Stored entries
○ ○ ○ ○ ○
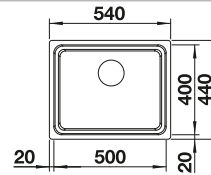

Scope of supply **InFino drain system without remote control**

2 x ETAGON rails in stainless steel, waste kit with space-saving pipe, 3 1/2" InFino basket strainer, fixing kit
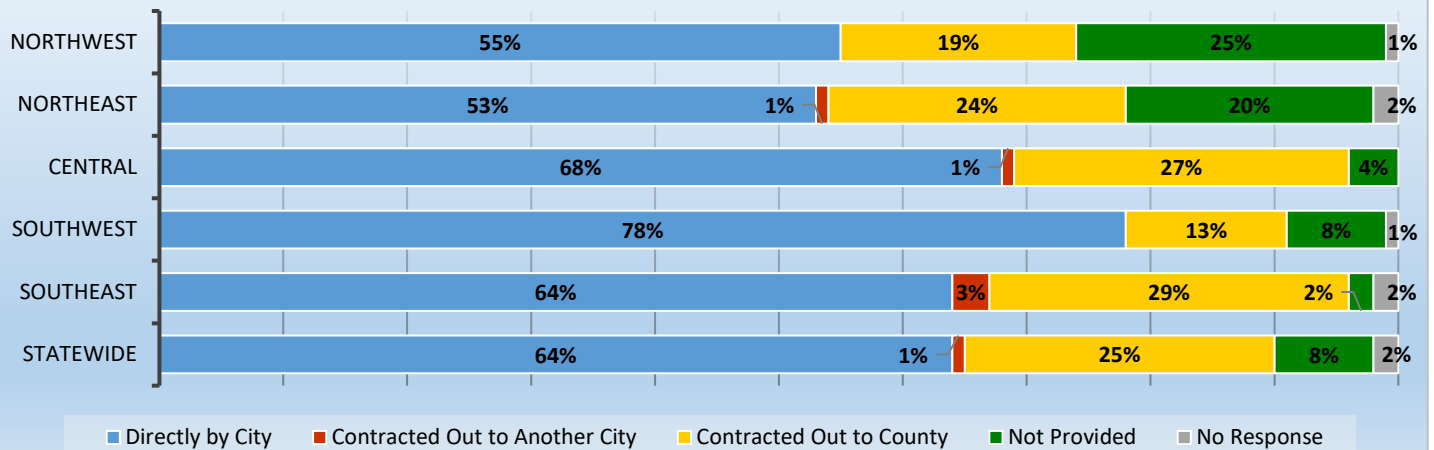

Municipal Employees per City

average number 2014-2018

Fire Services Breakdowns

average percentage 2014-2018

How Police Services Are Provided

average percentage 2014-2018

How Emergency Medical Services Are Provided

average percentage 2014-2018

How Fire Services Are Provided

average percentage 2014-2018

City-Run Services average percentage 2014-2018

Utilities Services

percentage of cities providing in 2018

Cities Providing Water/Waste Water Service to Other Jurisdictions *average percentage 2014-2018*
○ ○ ○ ○ ○
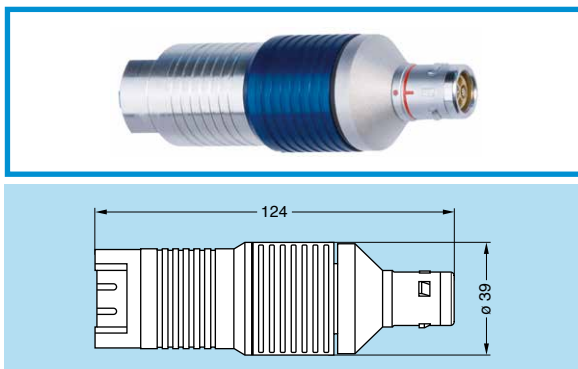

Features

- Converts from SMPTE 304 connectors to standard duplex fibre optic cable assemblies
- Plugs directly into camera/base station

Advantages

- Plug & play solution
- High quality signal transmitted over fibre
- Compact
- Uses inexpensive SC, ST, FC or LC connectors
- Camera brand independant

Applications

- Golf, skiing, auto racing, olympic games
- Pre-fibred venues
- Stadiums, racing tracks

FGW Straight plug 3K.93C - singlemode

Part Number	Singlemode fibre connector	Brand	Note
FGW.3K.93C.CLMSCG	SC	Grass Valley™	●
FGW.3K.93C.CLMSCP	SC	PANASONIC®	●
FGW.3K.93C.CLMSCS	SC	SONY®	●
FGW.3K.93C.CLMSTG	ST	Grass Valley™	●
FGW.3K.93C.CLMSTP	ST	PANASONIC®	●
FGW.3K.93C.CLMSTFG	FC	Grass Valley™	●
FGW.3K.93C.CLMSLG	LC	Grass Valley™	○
○ ○ ○ ○ ○
Although the records hold pictures, the copy must not; give again exactly the lines from the one with "2 x ETAGON rails" through the one with "Cities Providing Water/Waste".

• _OUTPUT FOR THIS TASK_
2 x ETAGON rails in stainless steel, waste kit with space-saving pipe, 3 1/2" InFino basket strainer, fixing kit

Municipal Employees per City

average number 2014-2018

Fire Services Breakdowns

average percentage 2014-2018

How Police Services Are Provided

average percentage 2014-2018

How Emergency Medical Services Are Provided

average percentage 2014-2018

How Fire Services Are Provided

average percentage 2014-2018

City-Run Services average percentage 2014-2018

Utilities Services

percentage of cities providing in 2018

Cities Providing Water/Waste Water Service to Other Jurisdictions *average percentage 2014-2018*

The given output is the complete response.